Second, hand in the results of evaluating your hmm tagger. It should do better than 90%, hey.

Implementation
tips
 

  1. Remember to run your code first on the tiny and really tiny training and test files provided. You will uncover lots of simple bugs this way.

  2. Eventually the time will come when you need to take your maiden voyage on a big file and run a program that may well take hours. At that point you may want to leave the program running and log off bulba. This is called a batch job. This document tells how to get one running, and even addresses how to send STDOUT and STDERR to different files.
  3. Note: If you have Linux installed on your home machine, then all of this assignment can be done there. Almost every linux (Redhat and Fedora included) includes a FULL python package, more than enough to do this assignment.
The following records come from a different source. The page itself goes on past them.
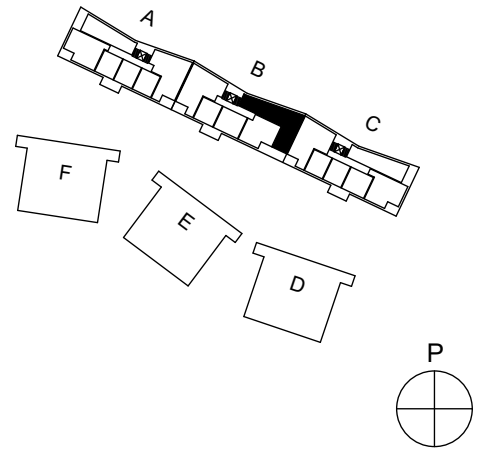

Heka Maununnevantie 3
Maununnevantie 3, 00430 Helsinki

2h+kt, 41,0 m²

B23 2.kerros
B28 3.kerros
B33 4.kerros

Ikkunoiden, alakattojen ja koteloiden sijainti ja koko saattaa vaihdella kerroksittain.

Hormien koot saattavat vaihdella kerroksittain, poikkeamat on esitetty katkoviivalla.

Heka Maununnevantie 3
Maununnevantie 3, 00430 Helsinki

3h+kt, 58,0 m²

B24 2.kerros
B29 3.kerros
B34 4.kerros

Ikkunoiden, alakattojen ja koteloiden sijainti ja koko saattaa vaihdella kerroksittain.

Hormien koot saattavat vaihdella kerroksittain, poikkeamat on esitetty katkoviivalla.

Heka Maununnevantie 3
Maununnevantie 3, 00430 Helsinki

5h+kt, 90,0 m²

B25 2.kerros
B30 3.kerros
B35 4.kerros

Ikkunoiden, alakattojen ja koteloiden sijainti ja koko saattaa vaihdella kerroksittain.

Hormien koot saattavat vaihdella kerroksittain, poikkeamat on esitetty katkoviivalla.
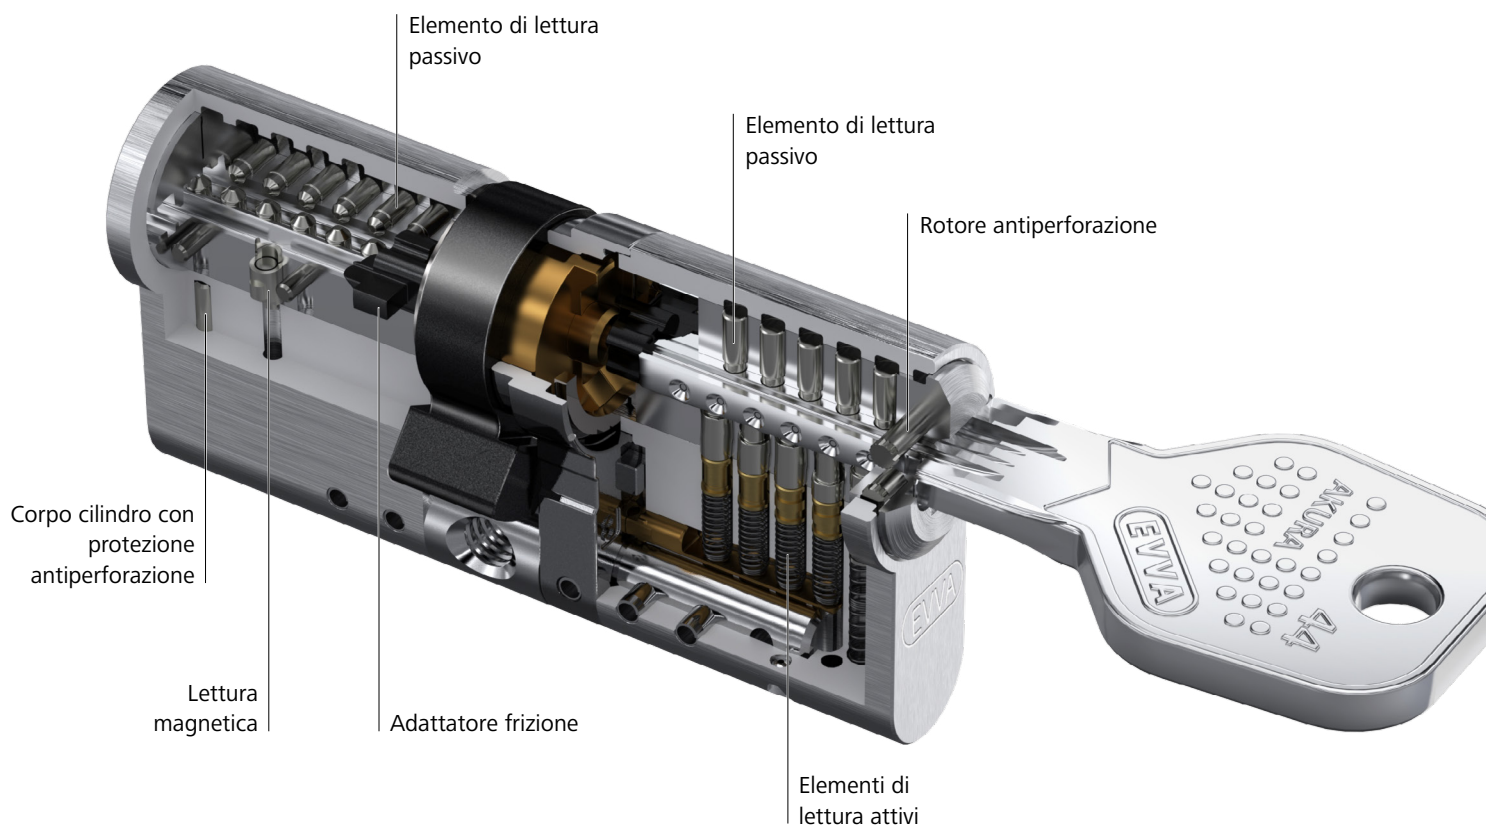

Protezione completa

Duplicazioni chiavi, riordino di cilindri ed estensioni dei piani di chiusura possono essere richiesti unicamente presso gli EVVA-Partner autorizzati esibendo un documento di legittimazione obbligatorio, ovvero la card di sicurezza EVVA.

Le funzioni di sicurezza

Il cilindro Akura 44 offre una protezione antiperforazione, antiestrazione, antipicking e antisondaggio, proteggendo in questo modo gli ingressi da tentativi di apertura illegali.

Le **certificazioni internazionali** permettono l'impiego in tutto il mondo.

* In preparazione
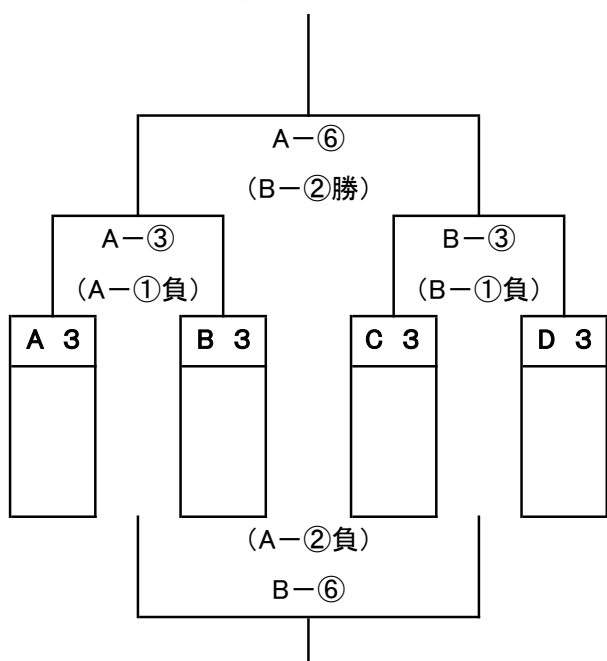

●19日(日) 決勝トーナメント ※()は審判

(1・2位パート)

(チャレンジトーナメント)

- ① 9:30~
- ② 10:10~
- ③ 10:50~
- ④ 11:30~
- ⑤ 12:10~
- ⑥ 12:50~
- ⑦ 13:30~

・閉会式
14:30~
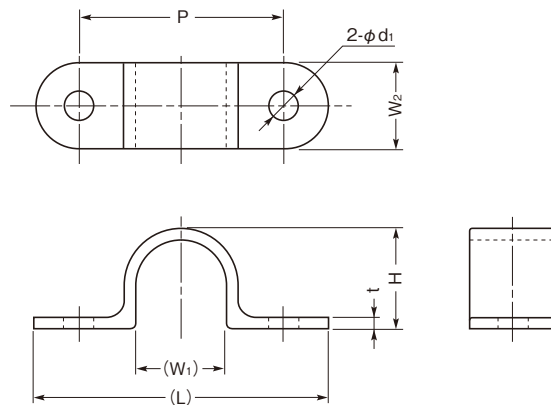

ワイヤークリップ CW-3048

材質 ナイロン6 UL94V-2

標準色 ナチュラル

特長

- 配線束、ケーブル等の保持具です。
- 3ヶ所の収納部をもち、2ヶ所は分岐線等の保持にご利用できます。
- ワンタッチでシャーシに固定できます。
- 電線が簡単に収納、保持できます。

品番	寸法 (mm)		包装単位 (個)
	取付穴	適用板厚	
CW-3048	φ 4.8	0.6 ~ 2.0	100

ワイヤーサドル Pシリーズ

材質 高密度ポリエチレン

標準色 ナチュラル

特長

- 配線束、ケーブルをビスにより強固に固定するサドルです。

品番	寸法 (mm)								包装単位 (個)
	収納径 (最大)	(W ₁)	W ₂	P	(L)	H	φ d	t	
P-1	φ 11.8	11.8	15.0	24.0	38.0	13.8	4.2	2.0	200
P-2	φ 15.6	16.2	15.0	36.0	52.0	17.6	5.1	2.0	
P-3	φ 18.0	18.0	20.0	38.0	56.8	20.0	5.1	2.0	
P-4	φ 25.2	25.2	20.0	50.0	68.0	27.7	5.1	2.5

The only Python modules you need are all imported in the code models you have.

  4. The Viterbi implementation you've been given uses log probabilities. You should do the same. Pay attention to how probabilities are turned into log probabilities in the Viterbi implementation. Do this in your implementation. Pay special attention to the use of -$Inf to represent the log of 0. Pay attention to how multiplication turns into addition and division turns into subtraction.

  5. You will have to do smoothing to get this to do anything useful. Use Add .5 smoothing. Review this concept here (ps, pdf). Remember: for purposes of this assignment, all smoothing is is adjusting your counts so there are no zeroes.

  6. These are line-based corpora. No line is guaranteed to have anything to do with the previous line. Thus, always use line by line processing. Train line by line. Test line by line. DON'T try to remember anything from the previous line when you're tagging the test data.

  7. Python: Dictionaries
    1. Introduction to dictionaries
    2. A discussion of Python dictionaries directly targeting their use for this assignment This discussion assumes you know the basics of Python dictionaries already, so read the above for that.
    Less directly related our current assignment but still interesting:
    1. Python Cookbook recipe for sorting a dictionary by keys (the key-value pairs of a dictionary are UNORDERED, so if you want a list ordered by KEY, here's how)
    2. Python Knowledge Base: a lot of example code using dictionaries.